Friday night I drank a whole 750ml bottle of cheap pinot noir.

Rex and I have a long and storied relationship.

Rex is my favorite frenemy.

Beer tends to give me a headache before I get much of a buzz going so I usually stop after a couple.  Wine, however, affords me a nice long of a window of “buzzed but essentially functional”.  It takes me to that wonderful loose place where life is essentially good, everyone is at least entertaining if not downright lovely, and dancing doesn’t seem like entirely the worst idea ever.  I can string words together more effectively, I become a creative genius in the kitchen, and I often become prone to small to medium sized philosophical epiphanies.  All things seem possible when I’m half a bottle in.  Of COURSE I’d like another glass!  This highly enjoyable state of mind must be preserved for as long as possible!  Bring me more happy juice!

Except…eventually I have to sleep, and be able to drive and go to work and, you know, not be drunk.  Which is kind of a bummer.

I don’t drink entire bottles of wine in one go very often anymore.  In my early 20’s it was nothing for me to drink a 750ml bottle of an evening, and I used to fairly frequently consume the majority of 1.5L bottles when the mood struck.  This was not done during a party, mind you.  This was just me sitting at home on a Saturday night, knitting and watching PBS, getting tanked on cheap wine and staggering up to bed.  I didn’t mind the feeling of being out of control at that point because there wasn’t anyone around to call me on it and frankly, I often didn’t realize quite how shit-faced I had actually gotten until the next morning when I looked back on the things I had done the night before.

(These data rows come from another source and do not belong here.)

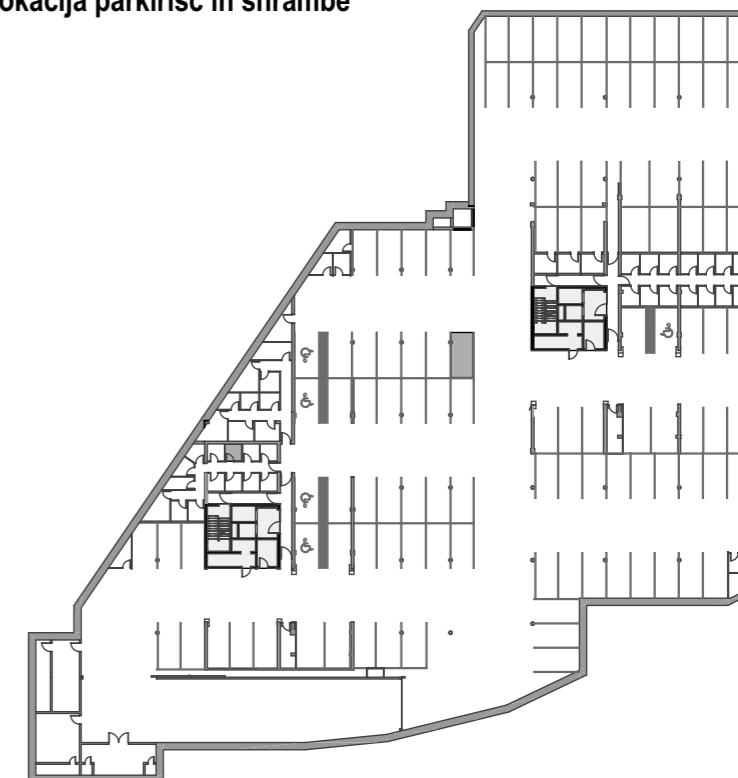

KLET - lokacija parkirišč in shrambe

OPOMBE:

- vsa oprema je risana informativno,
- pozicija, dimenzije in oblika sanitarnih elementov ter grelnih teles je prikazana informativno,
- širina vrat v notranjih predelnih stenah in debelina predelnih sten je prikazana informativno,
- investitor si pridružuje pravico do sprememb, ki ne vplivajo na funkcionalnost stanovanja.

namembnost:

namembnost:	etaža:	št.:
shramba	klet - 1	1 kos
parkirni prostor št. 83	klet - 1	1 kos
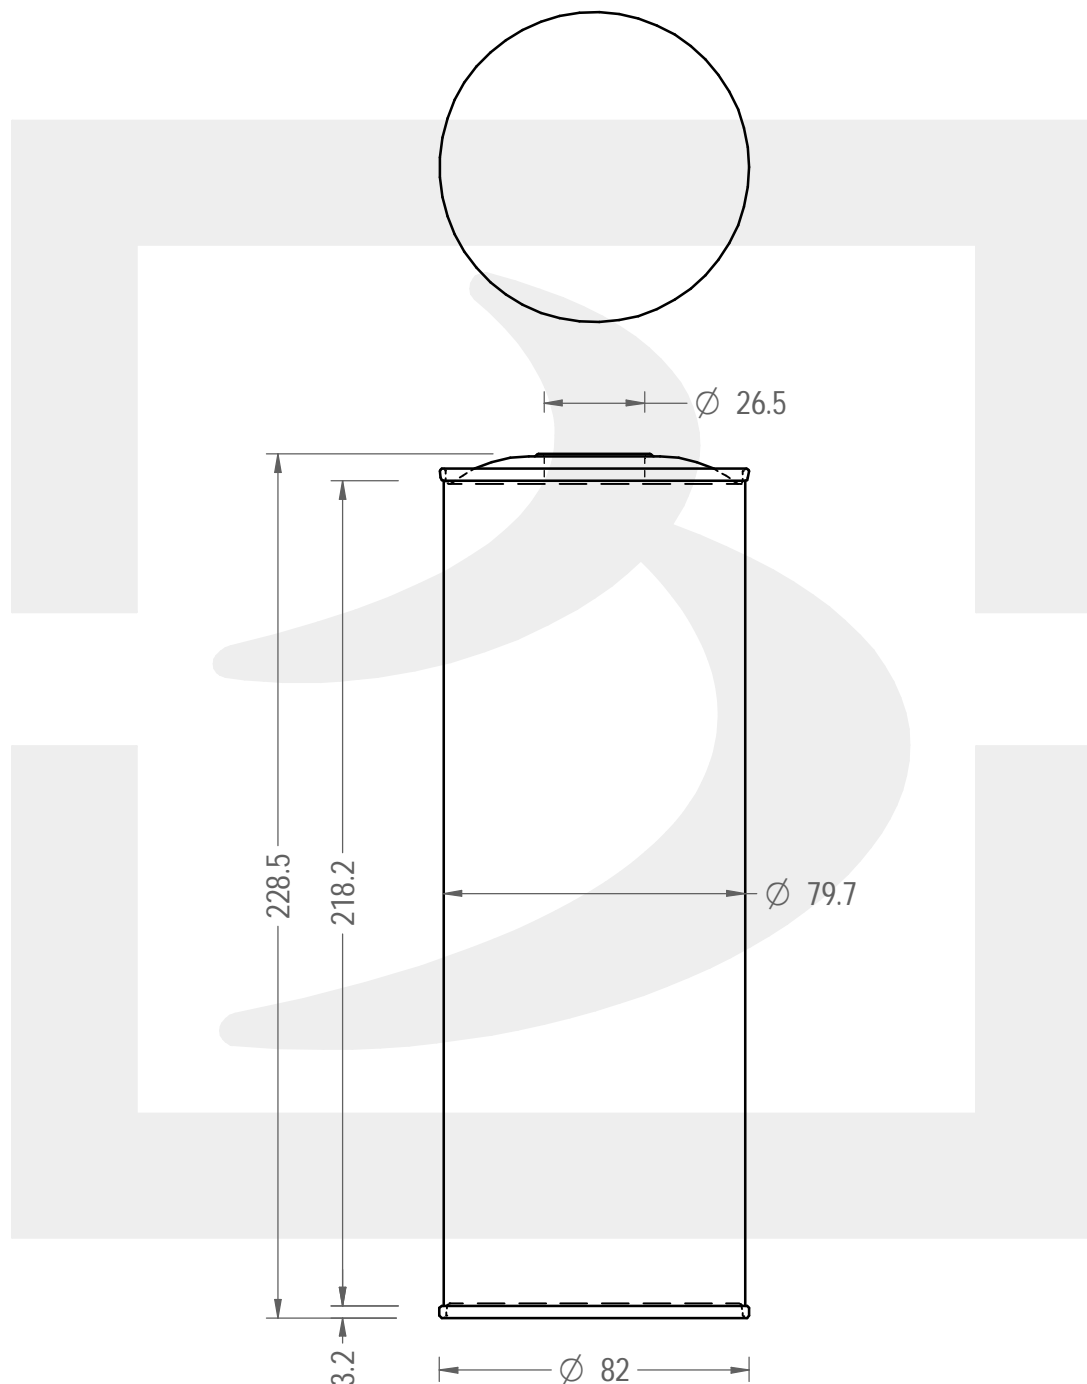

Colore :

Color : •

Il disegno è puramente indicativo e non vincolante - Berlin Packaging Italy S.p.A. non assume garanzia od obbligazione alcuna per l'utilizzo del presente disegno nè per le informazioni in esso riportate
This drawing is approximate and not binding - Berlin Packaging Italy S.p.A. does not assume any guarantee or obligation for use of this drawing or for information contained therein

Capacità R.B. (c.c.):	1000	Peso vetro (gr):	111.9
Brimful capacity (c.c.):		Glass weight (gr):	
Altezza tot. (mm):	225	Bocca:	BOCCA AD INCASTRO PE
Total height (mm):		Finish:	
Diametro corpo (mm):	80	Min. foro passante (mm):	
Body diameter (mm):		Minimum through bore (mm):	
Resistenza a pressione (bar):	-	Scala:	1:2
Pressure resistance (bar):		Scale:	
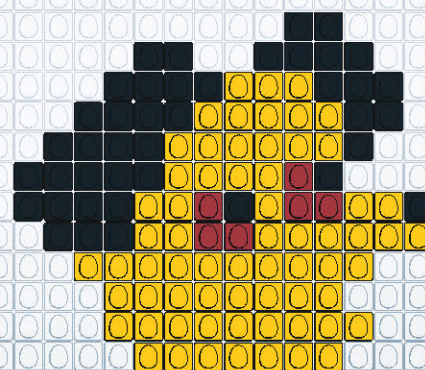

REALISE
TON CHIEN EN EGGIS
AVEC EGGMAN

WWW.EGGMANIA-WORLD.COM / @EGGMANIA_WORLD

EGG
 man

Partage tes créations #eggmanworld

EGGIS TA VIE AVEC
EGGMAN

L. 25PCS X H. 14PCS
TOTAL EGGIS : 110
 PIÈCES - JAUNE : 86 / NOIR : 22 / BORDEAUX : 1

L. 13PCS X H. 9PCS
TOTAL EGGIS : 68
 PIÈCES - JAUNE : 43 / NOIR : 25 / BORDEAUX : 1

L. 15PCS X H. 5PCS
TOTAL EGGIS : 39
 PIÈCES - JAUNE : 27 / NOIR : 11 / BORDEAUX : 1

L. 21PCS X H. 11PCS
TOTAL EGGIS : 128
 PIÈCES - JAUNE : 97 / NOIR : 30 / BORDEAUX : 1

L. 14PCS X H. 5PCS
TOTAL EGGIS : 26
 PIÈCES - JAUNE : 18 / NOIR : 4 / BORDEAUX : 4

L. 21PCS X H. 12PCS
TOTAL EGGIS : 138
 PIÈCES - JAUNE : 98 / NOIR : 33 / BORDEAUX : 7

L. 18PCS X H. 10PCS
TOTAL EGGIS : 104
 PIÈCES - JAUNE : 86 / NOIR : 17 / BORDEAUX : 1

L. 14PCS X H. 8PCS
TOTAL EGGIS : 80
 PIÈCES - JAUNE : 64 / NOIR : 15 / BORDEAUX : 1

L. 18PCS X H. 13PCS
TOTAL EGGIS : 112
 PIÈCES - JAUNE : 85 / NOIR : 41 / BORDEAUX : 6

L. 15PCS X H. 10PCS
TOTAL EGGIS : 101
 PIÈCES - JAUNE : 58 / NOIR : 28 / BORDEAUX : 15
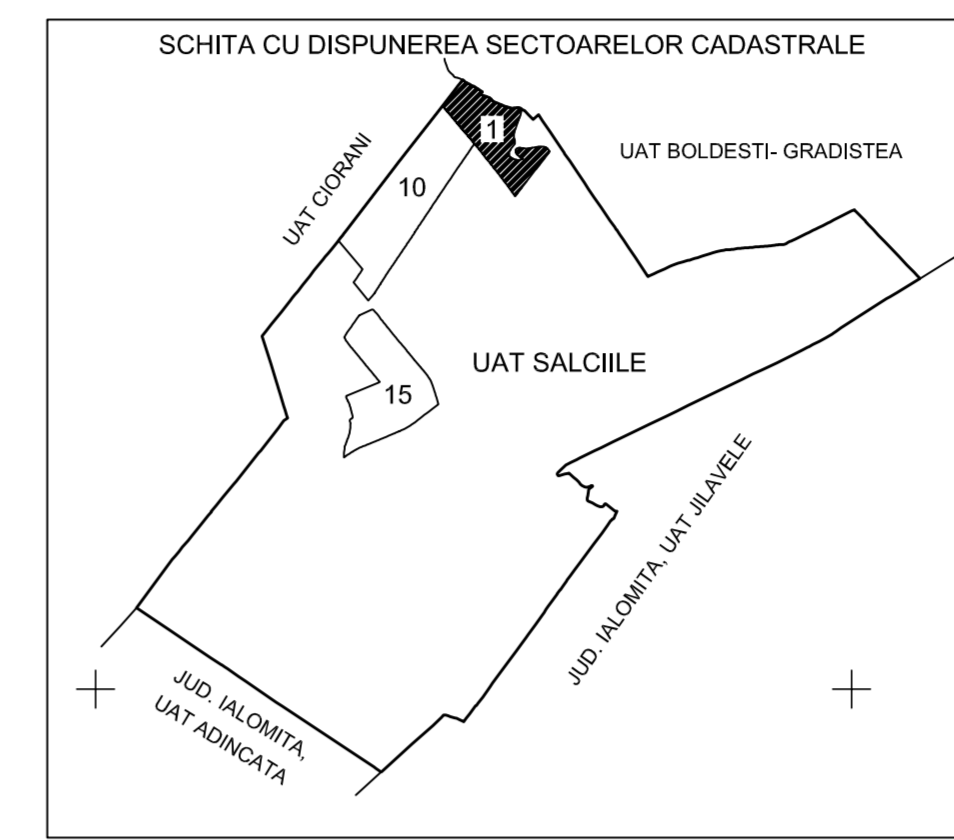

PLAN CADASTRAL
 UAT SALCIILE, JUDET PRAHOVA,
 Sector Cadastral 1
 Scara 1: 2 000
 Sistemul de proiectie Stereo 70

- Legenda
- Limita UAT
 - Limita Sector Cadastral
 - Limita Imobil
 - 1 Numar Sector Cadastral
 - 4001 Numar Identificator

That’s what I mean about wine making me “buzzed but essentially functional”.  If I sit at a table and drink three shots of tequila or a couple of Dark & Stormy’s in rapid succession then stand up, I will FEEL drunk, and I will not especially enjoy that feeling.  If I sit there and drink three glasses of wine, even very quickly, then stand up, I’ll feel cheerful and loose…but I won’t feel what my body and brain recognize as drunk.  I won’t feel like I can’t do certain things or like I should switch to drinking water.  I’ll feel excellent and want to keep drinking to keep the excellence flowing.

What bothers me more than my actual drinking habits (because like I said, I really don’t drink all that much anymore. I might have a couple glasses of wine or a beer after work, maybe three nights a week on average), is the fact that I actively miss the wine feeling when it’s gone.  I miss feeling like all is right with the world and like I am capable of most things.  I know that to seek wine out regularly in an attempt to continue those feelings is to flirt with functional alcoholism, so I try very much to keep myself in check in that regard…but it makes me wish very much that there was a way to achieve that level of contentedness without having to subject myself to possibly addictive substances and irresponsible behaviors.

If you have any suggestions on that front, I’m all ears.